Ben 800′ün üzerinde firma ile yazılım, eğitim veya danışmanlık eksenlerinde karşılaşmış ve çalışmış birisiyim.

Bunların arasında “Otomotiv ve Beyaz Eşya Yan Sanayi” firmalarının yaşadığı tecrübeler diğerlerine göre farklı ve bence diğerlerinin bundan çıkartabileceği dersler var (yan sanayi firmalarının da diğerlerinden var ancak bunu başka bir yazıya bırakıyorum). İşte bu yazımda bunlardan bahsetmek istiyorum.

Tedarik Zinciri kelimesini duymuşsunuzdur, hani müşteriden ilk maddeye uzanan zincir, üzerinde çeşitli üretici, dağıtıcı ve hizmet gruplarının yer aldığı bir nevi organizma olan firma bulutu. İşte bu zincirin içinde olmanın ne demek olduğunu en iyi yaşayabileceğiniz yerlerden birisi bir yan sanayi firmasıdır.

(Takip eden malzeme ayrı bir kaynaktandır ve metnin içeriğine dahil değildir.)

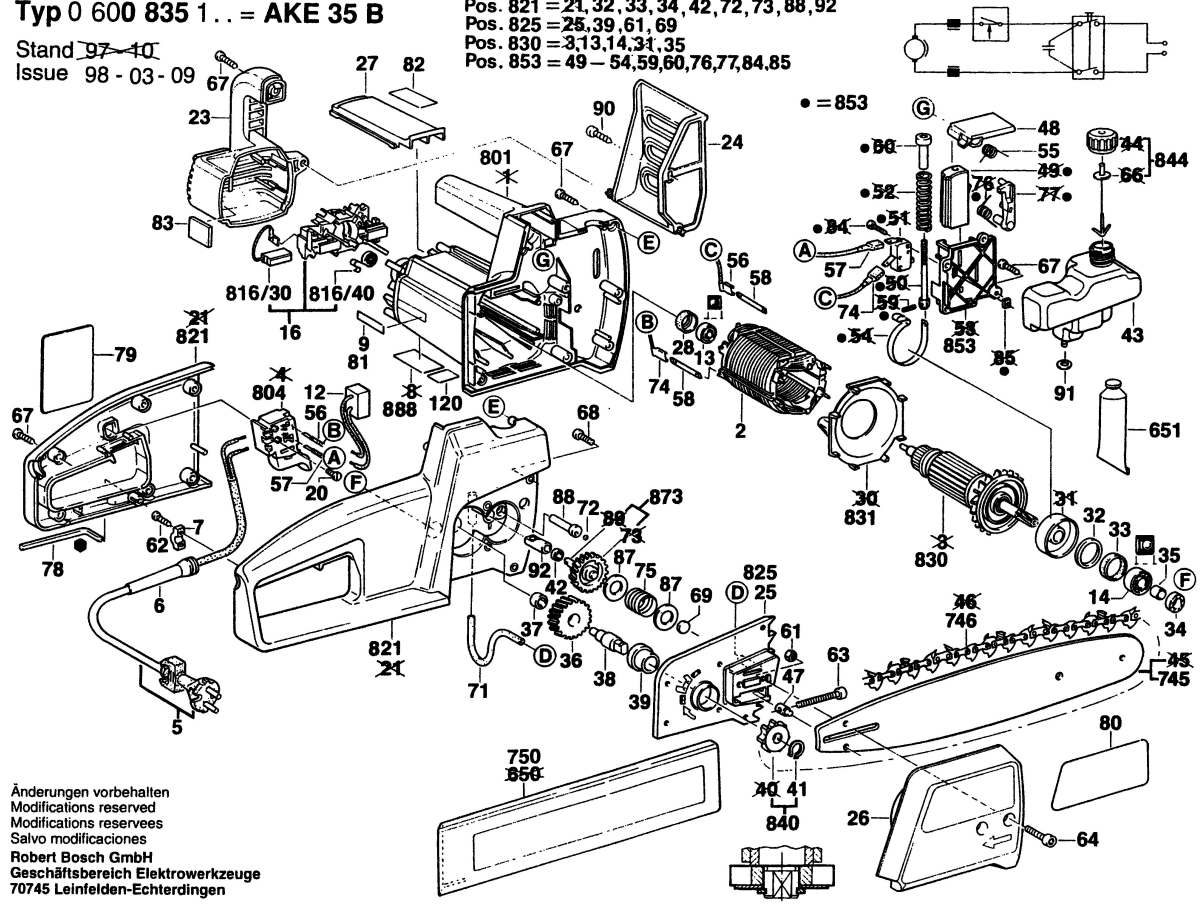

**Typ 0 600 835 1.. = AKE 35 B**

Stand ~~97-40~~  
Issue 98-03-09

Pos. 821 = 21, 32, 33, 34, 42, 72, 73, 88, 92  
 Pos. 825 = 25, 39, 61, 69  
 Pos. 830 = 3, 13, 14, 31, 35  
 Pos. 853 = 49 - 54, 59, 60, 76, 77, 84, 85

Änderungen vorbehalten  
 Modifications reserved  
 Modificaciones reservadas  
 Salvo modificaciones  
**Robert Bosch GmbH**  
 Geschäftsbereich Elektrowerkzeuge  
 70745 Leinfelden-Echterdingen

Otomotiv ve Beyaz Eşya Yan Sanayi firmalarını diğerlerinden ayıran en önemli unsur “müşterileri” ve üretimine katkıda bulundukları ürün grubunun “herkesin gözü önünde” olmasıdır.

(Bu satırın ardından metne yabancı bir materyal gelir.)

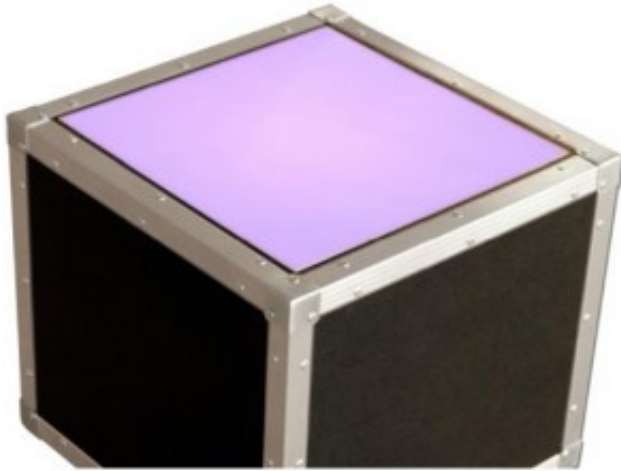

LED für Beistellwürfel Case

Beistellwu?rfel-Case.jpg

LED-

Messe. Promotion. Event.

Preis ~~33,32 €~~ Preis nicht bewertet

Netto-Preis: 28,00 €

MwSt 19%: 5,32 €

[Stellen Sie eine Frage zu diesem Produkt](#)

Beschreibung Farbe: Farbe einstellbar

Info: Die Beleuchtung für Beistellwuerfel Case (50033) kann optional bestellt werden

Kundenrezensionen

Es gibt noch keine Rezensionen für dieses Produkt.

Müşteriler kimler, Ford, Tofaş, Renault, Toyota, Arçelik, Mercedes, Siemens,Vestel, Isuzu, Honda … Ortak özellikleri ne ?

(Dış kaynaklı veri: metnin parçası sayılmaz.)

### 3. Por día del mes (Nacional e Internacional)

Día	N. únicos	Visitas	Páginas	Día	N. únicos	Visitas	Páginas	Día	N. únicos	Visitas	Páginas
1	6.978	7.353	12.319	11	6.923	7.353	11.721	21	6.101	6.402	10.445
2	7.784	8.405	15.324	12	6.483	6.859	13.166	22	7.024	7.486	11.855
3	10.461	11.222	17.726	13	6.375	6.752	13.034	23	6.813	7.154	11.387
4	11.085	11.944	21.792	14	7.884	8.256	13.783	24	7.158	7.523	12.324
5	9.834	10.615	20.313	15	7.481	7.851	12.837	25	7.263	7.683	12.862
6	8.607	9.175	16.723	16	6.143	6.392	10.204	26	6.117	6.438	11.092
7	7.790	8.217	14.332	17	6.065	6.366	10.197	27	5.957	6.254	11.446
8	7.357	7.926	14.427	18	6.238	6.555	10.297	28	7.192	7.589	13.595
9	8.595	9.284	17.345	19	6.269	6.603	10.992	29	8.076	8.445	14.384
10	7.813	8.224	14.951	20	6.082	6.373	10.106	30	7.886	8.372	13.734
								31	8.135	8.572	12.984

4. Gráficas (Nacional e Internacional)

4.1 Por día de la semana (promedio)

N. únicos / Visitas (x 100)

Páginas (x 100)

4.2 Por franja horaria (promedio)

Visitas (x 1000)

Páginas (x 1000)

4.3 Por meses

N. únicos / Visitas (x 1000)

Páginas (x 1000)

1. Satınalma yaptıkları firmalardan onlarca, yüzlerce kat büyük olmaları

2. Tüketicinin oldukça hassas olduğu ürünleri üretiyor olmaları

3. Birbirleri ile yoğun rekabet içinde olmaları

Bu durum yan sanayilere en ekonomik yolu bulmak şeklinde geri dönüyor, ana sanayi denilen bu firmaların onlardan çok şey beklemelerine yol açıyor, zincir buna mecbur. Hem fiyatlar düşmeli hem kalite – güvenlik – albeni artmalı.

İşte bu yüzden bir çok tedarik zinciri uygulaması bu gruptan ortaya çıkıyor.

Örneğin yan sanayilerin bir kısmı (çalışılan ana sanayi firmasına göre değişir) sürekli değişen siparişler ile çalışır, biraz abartacak olursak durum şöyle … Sabah ekranınızda örneğin 3 gün sonrası için siparişi görüyorsunuz, öğleden sonra yok oluvermiş veya sayısı artmış veya eksilmiş … kısacası değişmiş (o sipariş aslında tamamen yok olmuyor ama tarihi ileriye doğru kayıyor, tamamen yok olması biraz daha farklı oluyor). Tek değişemeyecek şey ise yan sanayi firmasının bu değişime ayak uydurması gerektiği, zaten uydurmam diyorsa yerini başkası alıyor. Buna ayak uydurabilmek için yapılan yazılım yatırımlarıda dünyada ERP yazılımı işinin önemli bir kısmını oluşturuyor.

Müşteri çok büyük olunca istekleride zorlayıcı oluyor elbette. Firmalar buna ayak uydurabilmek için kendi sistemlerini geliştirerek çözüm buluyorlar, zaten bu yüzden en önemli “lean” çalışmaları bu sektörden doğmuş durumda.

Demek ki zorlanınca oluyormuş diyor insan.